There are some projects out there who are working on similar tools and we figured it fair to mention and compare them here.

##### Julia Bazińska & Piotr Migdal Web App

The original inspiration for this project came from [this web app](https://lamyiowce.github.io/word2viz/) and [this pydata talk](https://www.youtube.com/watch?v=AGgCqpouKSs). It is a web app that takes a while to slow
but it is really fun to play with. The goal of this project is to make it
easier to make similar charts from jupyter using different language backends.


##### Tensorflow Projector

From google there's the [tensorflow projector project](https://projector.tensorflow.org/). It offers
highly interactive 3d visualisations as well as some transformations via tensorboard.

- The tensorflow projector will create projections in tensorboard, which you can also load
into jupyter notebook but whatlies makes visualisations directly.
- The tensorflow projector supports interactive 3d visuals, which whatlies currently doesn't.
- Whatlies offers lego bricks that you can chain together to get a visualisation started. This
also means that you're more flexible when it comes to transforming data before visualising it.

##### Parallax

From Uber AI Labs there's [parallax](https://github.com/uber-research/parallax) which is described
in a paper [here](https://arxiv.org/abs/1905.12099). There's a common mindset in the two tools;
the goal is to use arbitrary user defined projections to understand embedding spaces better.
That said, some differences that are worth to mention.

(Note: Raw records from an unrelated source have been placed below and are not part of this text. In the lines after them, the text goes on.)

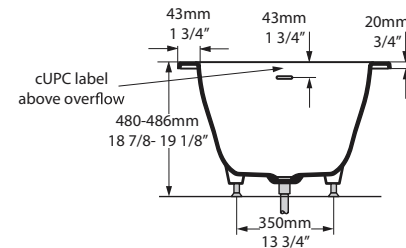

**SHAPE**

- Rectangular

**SIZE**

- Length: 60" (1524mm); Width: 30" (762mm); Height: 18 7/8"-19 1/8" (480-486mm)

**MATERIAL**

- Volcanic Limestone

**DRAIN HOLE**

- Off-center

# ESPECIFICACIONES

**FORMA**

- Rectangular

**TAMAÑO**

- Largo: 60" (1524mm); Ancho 30" (762mm); Altura: 18 7/8"-19 1/8" (480-486mm)

**MATERIAL**

- Piedra caliza volcánica

**ORIFICIO DE DRENAJE**

## Kaldera 1

Bañera empotrada o empotrada de 60" x 30" con desbordamiento interno

**MODELOS:** KAL1-N-SW-IO

Top view

Front view

Side view

Drop In Cut Out

1476 mm x 712.5 mm  
58 1/8" x 28 1/16"

Under Mount Cut Out

1385 mm x 631 mm  
54 1/2" x 24 13/16"

**For warranty or additional information, contact:**

U.S.A.  
[houseofrohl.com/support](http://houseofrohl.com/support)  
1-800-777-9762

QUEBEC / MARITIMES / WESTERN CANADA  
QUÉBEC / MARITIMES / OUEST CANADIEN  
QUEBEC / MARITIMOS / CANADA OCCIDENTAL  
[houseofrohl.ca/support](http://houseofrohl.ca/support)  
1-866-473-8442

- It relies on bokeh as a visualisation backend and offers a lot of visualisation types
(like radar plots). Whatlies uses altair and tries to stick to simple scatter charts.
Altair can export interactive html/svg but it will not scale as well if you've drawing
many points at the same time.
- Parallax is meant to be run as a stand-alone app from the command line while Whatlies is
meant to be run from the jupyter notebook.
- Parallax gives a full user interface while Whatlies offers lego bricks that you can chain
together to get a visualisation started.
- Whatlies relies on language backends to fetch word embeddings. Parallax allows you to instead
fetch raw files on disk.
- Parallax has been around for a while, Whatlies is more new and therefore more experimental.

## Local Development

If you want to develop locally you can start by running this command.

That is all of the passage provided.